*BRIEF*
Please restate the records below verbatim, omitting every image they hold.

*Records contained in a dataset*
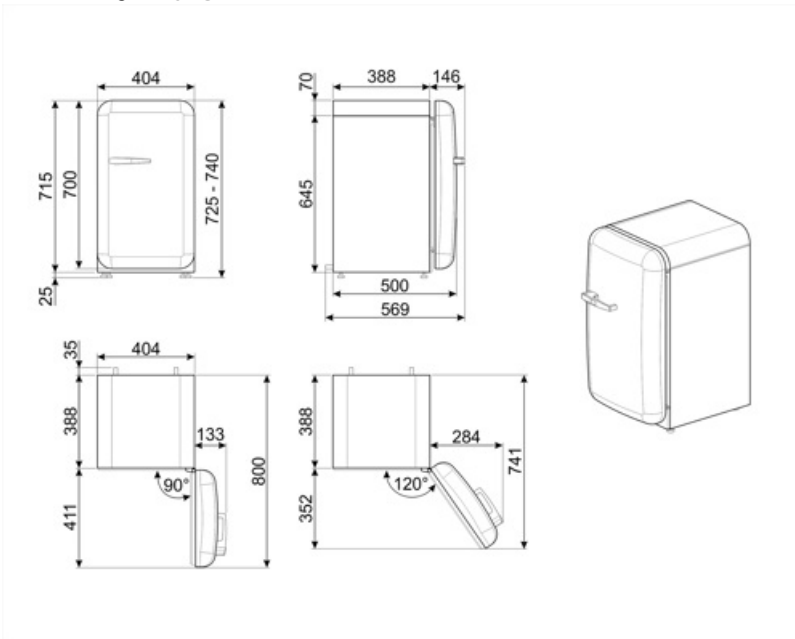

Soğutucu gaz tipi	R600a
Kompresör tipi	Standart
Soğutucu Akışkan Miktarı (gr)	19 g
Foam agent	Cyclopentane

Performans / Enerji Etiketleri - Düzen. 2019

Yıllık enerji tüketimi	61 kWh/a	Soğutma bölme(ler)in ve dondurulmamış bölme(ler)in hacimlerinin toplamı	34 l
Enerji verimliliği sınıfı	D	Havadan yayılan akustik gürültü emisyonları	40 dB(A) re 1 pW
Havadaki akustik gürültü emisyon sınıfı	C	İklim sınıfları	SN, N, ST, T
Toplam net hacim	34 l	EEL	79 %

Elektrik Bağlantısı

Elektrik bağlantısı derecesi	60 W	Frekans (Hz)	50/60 Hz
Akım	0.3 A	Güç kaynağı kablo uzunluğu	100 cm
Voltaj (V)	220-240 V	Fiş	(F;E) Schuko

Lojistik Bilgisi

Genişlik	404 mm	Kulp ile ürün derinliği	570 mm
Kulpsuz derinlik	500 mm	Kapılar 90° açıldığında ürün derinliği	800 mm
Yükseklik	725 mm	Ara plaka derinliği	30 mm
Maksimum kapı açıklığı ile ürün genişliği	707 mm

*SOLUTION BELOW*
Soğutucu gaz tipi	R600a
Kompresör tipi	Standart
Soğutucu Akışkan Miktarı (gr)	19 g
Foam agent	Cyclopentane

Performans / Enerji Etiketleri - Düzen. 2019

Yıllık enerji tüketimi	61 kWh/a	Soğutma bölme(ler)in ve dondurulmamış bölme(ler)in hacimlerinin toplamı	34 l
Enerji verimliliği sınıfı	D	Havadan yayılan akustik gürültü emisyonları	40 dB(A) re 1 pW
Havadaki akustik gürültü emisyon sınıfı	C	İklim sınıfları	SN, N, ST, T
Toplam net hacim	34 l	EEL	79 %

Elektrik Bağlantısı

Elektrik bağlantısı derecesi	60 W	Frekans (Hz)	50/60 Hz
Akım	0.3 A	Güç kaynağı kablo uzunluğu	100 cm
Voltaj (V)	220-240 V	Fiş	(F;E) Schuko

Lojistik Bilgisi

Genişlik	404 mm	Kulp ile ürün derinliği	570 mm
Kulpsuz derinlik	500 mm	Kapılar 90° açıldığında ürün derinliği	800 mm
Yükseklik	725 mm	Ara plaka derinliği	30 mm
Maksimum kapı açıklığı ile ürün genişliği	707 mm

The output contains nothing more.